WHAT IS NEEDED: Each line in the material below, starting at the one that contains "Etna recrecido (altura 3,5 cm) 1010" and ending at the one that contains "placer un abat-jour", should be repeated exactly; the pictures should not.

──────── EXTRACTED DATA

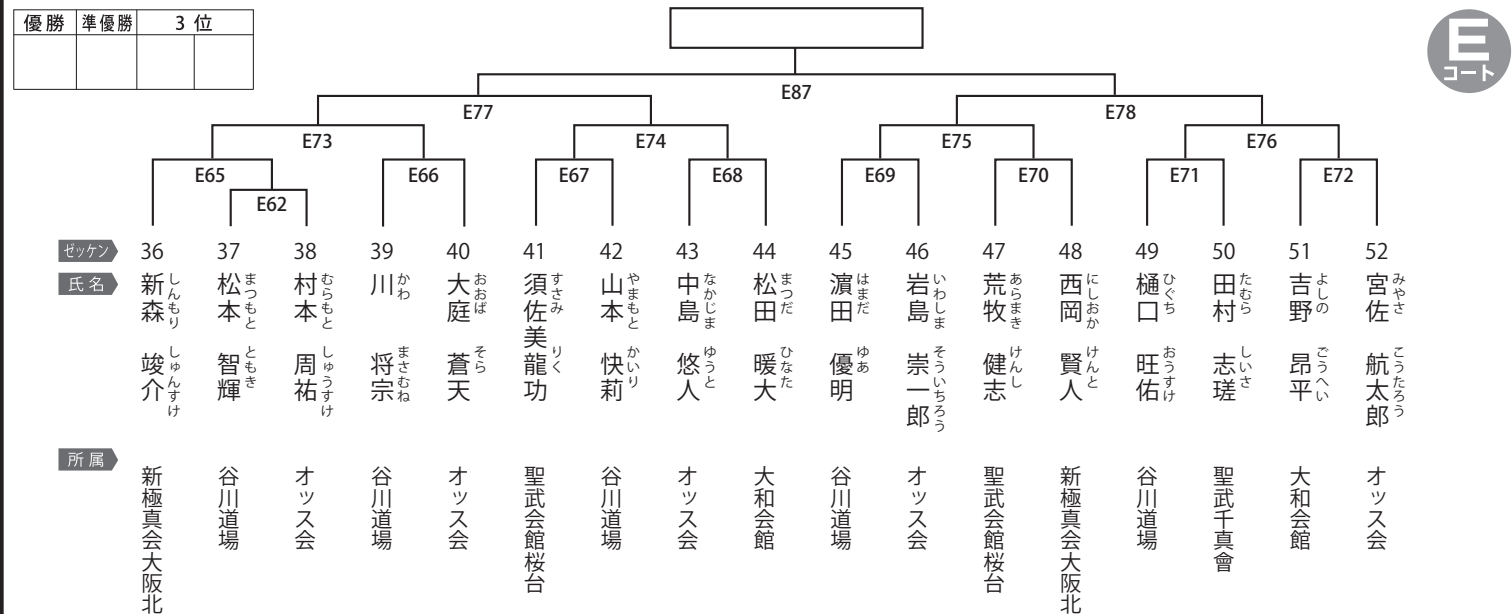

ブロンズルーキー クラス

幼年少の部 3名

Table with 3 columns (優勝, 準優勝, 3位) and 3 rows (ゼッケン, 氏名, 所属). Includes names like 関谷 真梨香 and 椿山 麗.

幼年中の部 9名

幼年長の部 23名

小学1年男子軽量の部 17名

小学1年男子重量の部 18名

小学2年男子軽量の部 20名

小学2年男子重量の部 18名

────────────────
──────── EXTRACTED DATA

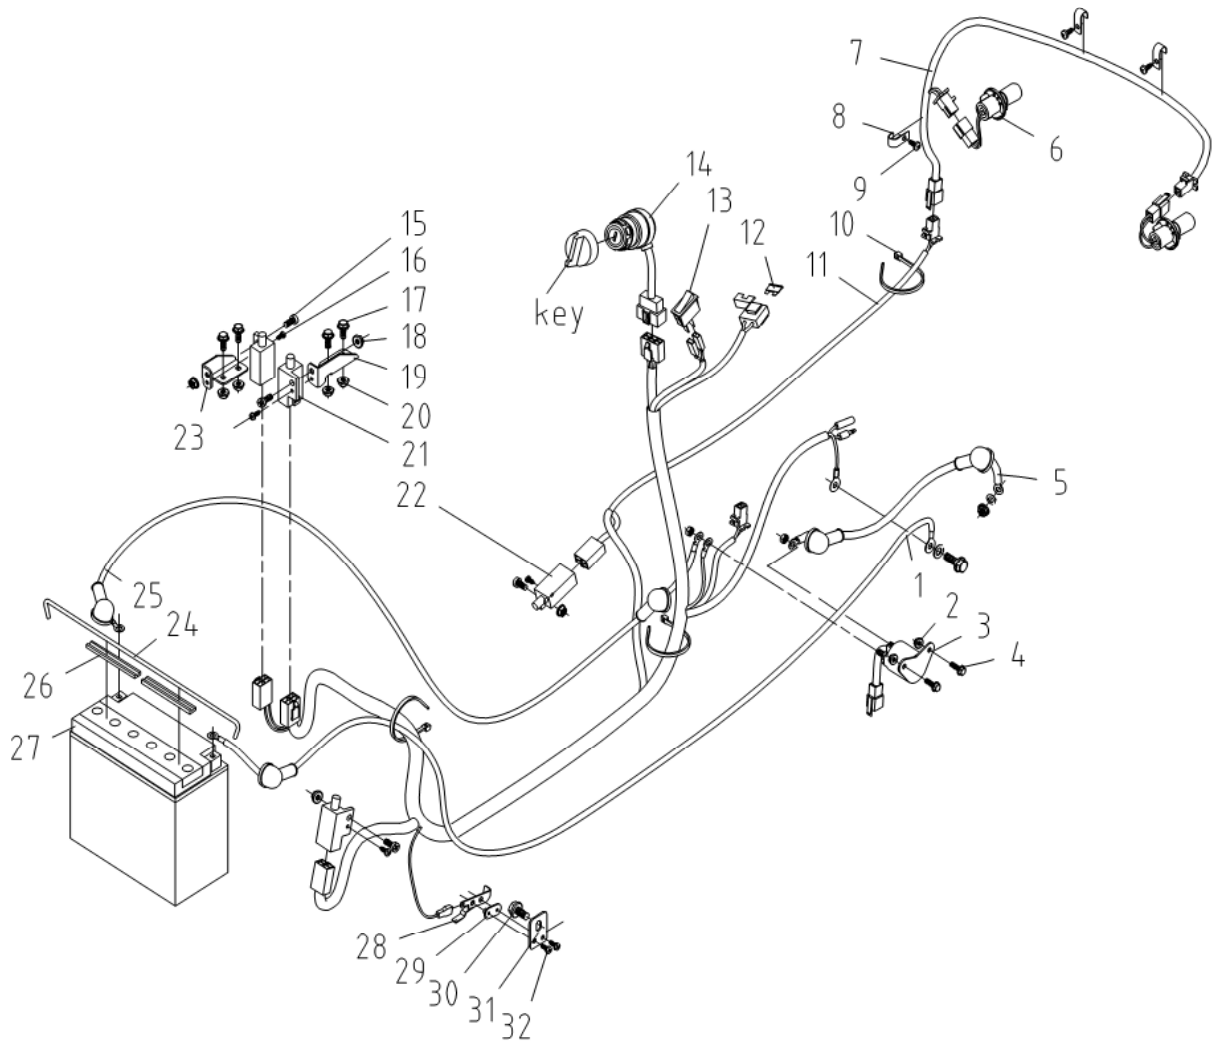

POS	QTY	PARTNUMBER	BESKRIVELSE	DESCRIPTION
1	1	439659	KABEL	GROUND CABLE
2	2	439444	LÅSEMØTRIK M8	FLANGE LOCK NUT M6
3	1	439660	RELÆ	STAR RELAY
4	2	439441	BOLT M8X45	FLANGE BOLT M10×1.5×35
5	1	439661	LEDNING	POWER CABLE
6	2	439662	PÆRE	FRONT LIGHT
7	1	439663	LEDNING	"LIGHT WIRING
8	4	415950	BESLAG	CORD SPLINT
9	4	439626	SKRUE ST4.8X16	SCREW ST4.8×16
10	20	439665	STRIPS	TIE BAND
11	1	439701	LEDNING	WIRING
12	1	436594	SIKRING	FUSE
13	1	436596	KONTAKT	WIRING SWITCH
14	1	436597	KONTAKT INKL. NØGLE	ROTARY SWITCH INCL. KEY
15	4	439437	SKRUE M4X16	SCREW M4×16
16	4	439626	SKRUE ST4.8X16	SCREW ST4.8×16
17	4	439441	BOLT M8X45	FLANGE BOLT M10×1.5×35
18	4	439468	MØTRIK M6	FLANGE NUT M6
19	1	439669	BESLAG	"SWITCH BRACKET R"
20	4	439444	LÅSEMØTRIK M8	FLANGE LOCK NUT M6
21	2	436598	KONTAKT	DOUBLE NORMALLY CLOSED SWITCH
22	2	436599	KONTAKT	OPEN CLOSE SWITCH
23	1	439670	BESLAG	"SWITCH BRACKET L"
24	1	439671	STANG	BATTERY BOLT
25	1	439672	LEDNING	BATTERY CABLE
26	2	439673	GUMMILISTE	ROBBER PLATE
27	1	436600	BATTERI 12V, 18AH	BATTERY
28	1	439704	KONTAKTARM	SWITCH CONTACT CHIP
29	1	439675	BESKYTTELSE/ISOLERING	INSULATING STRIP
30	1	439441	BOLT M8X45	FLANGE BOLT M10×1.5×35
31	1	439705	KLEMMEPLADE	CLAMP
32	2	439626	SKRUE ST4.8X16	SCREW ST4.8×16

────────────────
──────── EXTRACTED DATA

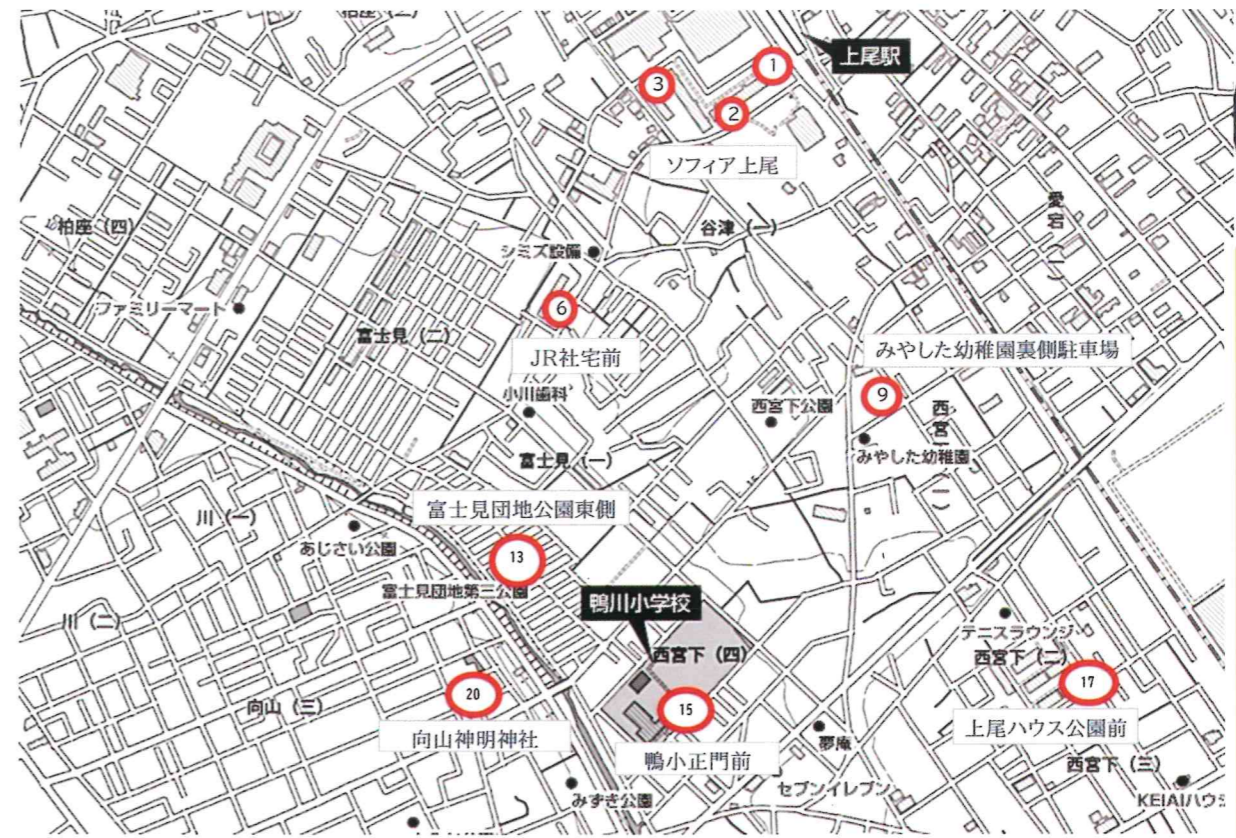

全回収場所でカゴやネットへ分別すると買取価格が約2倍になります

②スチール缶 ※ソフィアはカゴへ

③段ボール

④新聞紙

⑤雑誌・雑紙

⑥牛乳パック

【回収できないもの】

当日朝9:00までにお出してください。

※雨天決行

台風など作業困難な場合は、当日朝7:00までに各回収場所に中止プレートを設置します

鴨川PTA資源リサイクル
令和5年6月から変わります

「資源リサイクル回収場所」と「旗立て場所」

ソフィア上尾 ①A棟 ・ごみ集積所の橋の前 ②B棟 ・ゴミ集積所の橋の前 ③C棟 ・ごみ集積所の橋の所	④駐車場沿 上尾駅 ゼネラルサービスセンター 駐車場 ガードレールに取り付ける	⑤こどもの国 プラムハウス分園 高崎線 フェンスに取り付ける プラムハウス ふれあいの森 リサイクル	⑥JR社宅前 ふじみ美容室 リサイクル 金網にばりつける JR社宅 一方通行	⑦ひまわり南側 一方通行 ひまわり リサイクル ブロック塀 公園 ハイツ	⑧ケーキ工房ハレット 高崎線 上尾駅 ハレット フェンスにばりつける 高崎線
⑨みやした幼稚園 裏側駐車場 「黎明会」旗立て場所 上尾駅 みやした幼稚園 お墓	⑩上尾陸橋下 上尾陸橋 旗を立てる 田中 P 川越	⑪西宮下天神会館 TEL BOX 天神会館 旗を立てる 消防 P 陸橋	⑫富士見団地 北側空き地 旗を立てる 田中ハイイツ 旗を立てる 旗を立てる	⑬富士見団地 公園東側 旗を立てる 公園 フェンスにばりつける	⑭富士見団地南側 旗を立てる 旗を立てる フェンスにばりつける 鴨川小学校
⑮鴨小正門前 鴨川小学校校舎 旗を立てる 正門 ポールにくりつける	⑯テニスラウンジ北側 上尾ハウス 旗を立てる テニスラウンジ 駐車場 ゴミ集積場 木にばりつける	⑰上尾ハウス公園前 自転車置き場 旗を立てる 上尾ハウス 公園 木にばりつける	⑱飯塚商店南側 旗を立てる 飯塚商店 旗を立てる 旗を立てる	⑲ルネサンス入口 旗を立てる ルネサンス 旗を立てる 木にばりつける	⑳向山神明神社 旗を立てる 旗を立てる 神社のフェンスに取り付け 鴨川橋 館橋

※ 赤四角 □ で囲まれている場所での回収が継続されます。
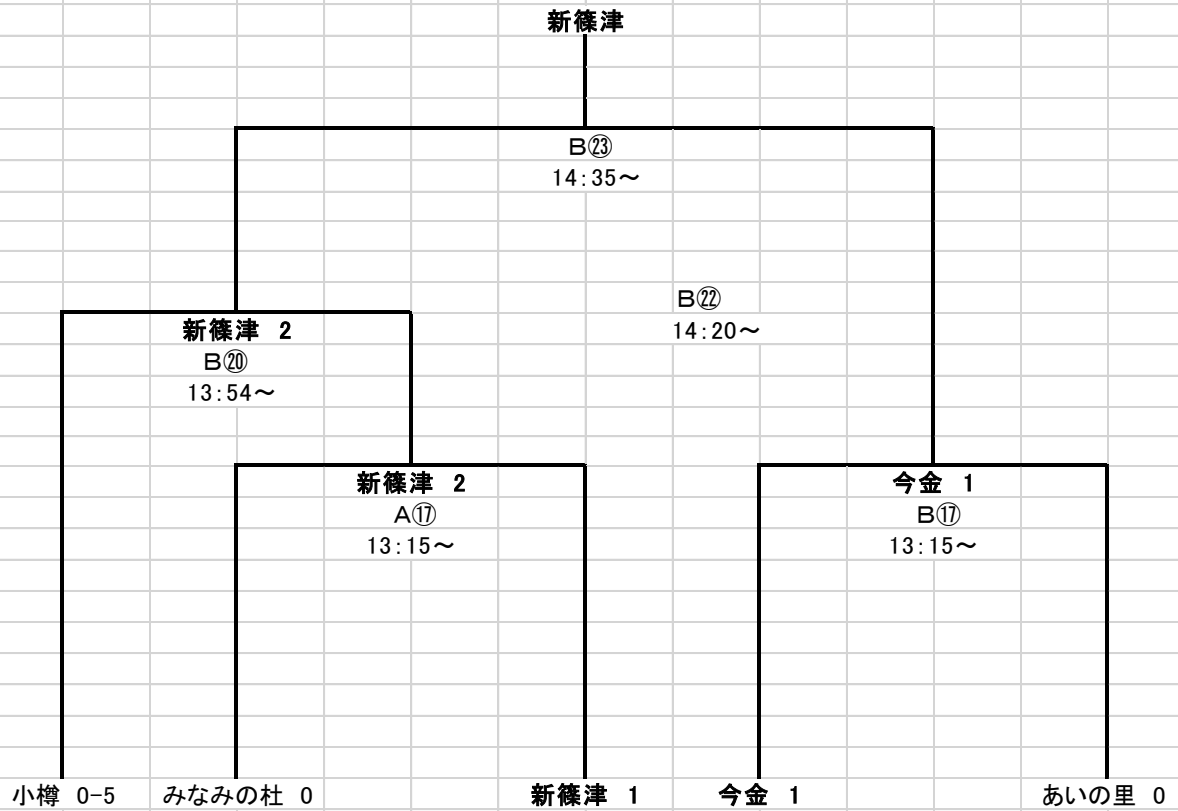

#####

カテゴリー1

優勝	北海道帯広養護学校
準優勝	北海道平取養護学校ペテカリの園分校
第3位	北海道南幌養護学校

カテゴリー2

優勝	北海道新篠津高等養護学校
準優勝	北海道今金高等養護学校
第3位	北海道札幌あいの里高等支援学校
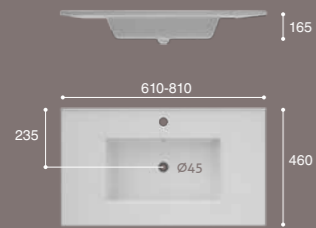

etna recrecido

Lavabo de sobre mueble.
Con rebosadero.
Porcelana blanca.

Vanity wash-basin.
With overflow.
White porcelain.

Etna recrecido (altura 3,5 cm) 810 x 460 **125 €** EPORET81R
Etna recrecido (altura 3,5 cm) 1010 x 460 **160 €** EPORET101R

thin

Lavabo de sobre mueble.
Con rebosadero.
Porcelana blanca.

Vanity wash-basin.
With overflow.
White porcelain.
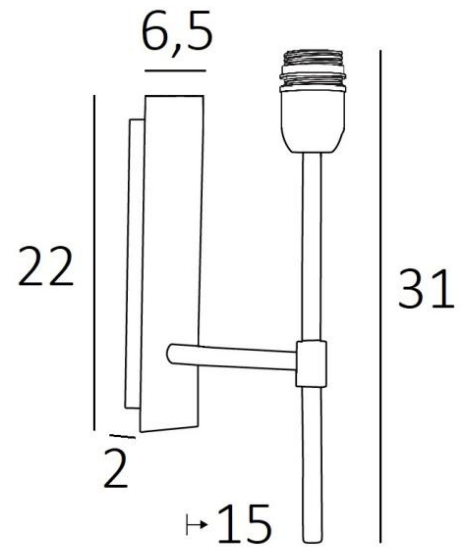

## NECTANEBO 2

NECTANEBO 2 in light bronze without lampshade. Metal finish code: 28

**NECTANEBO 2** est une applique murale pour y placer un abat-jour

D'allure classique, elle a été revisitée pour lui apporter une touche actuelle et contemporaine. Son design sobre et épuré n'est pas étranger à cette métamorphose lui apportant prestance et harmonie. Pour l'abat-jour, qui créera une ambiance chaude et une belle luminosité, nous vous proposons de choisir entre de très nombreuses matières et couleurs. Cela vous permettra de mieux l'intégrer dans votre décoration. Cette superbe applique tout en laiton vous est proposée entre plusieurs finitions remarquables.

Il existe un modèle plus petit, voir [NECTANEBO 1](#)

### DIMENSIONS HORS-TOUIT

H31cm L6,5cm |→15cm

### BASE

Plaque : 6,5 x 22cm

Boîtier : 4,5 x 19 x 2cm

────────────────

RESPONSE TO THIS EXERCISE:
Etna recrecido (altura 3,5 cm) 1010 x 460 **160 €** EPORET101R

thin

Lavabo de sobre mueble.
Con rebosadero.
Porcelana blanca.

Vanity wash-basin.
With overflow.
White porcelain.

## NECTANEBO 2

NECTANEBO 2 in light bronze without lampshade. Metal finish code: 28

**NECTANEBO 2** est une applique murale pour y placer un abat-jour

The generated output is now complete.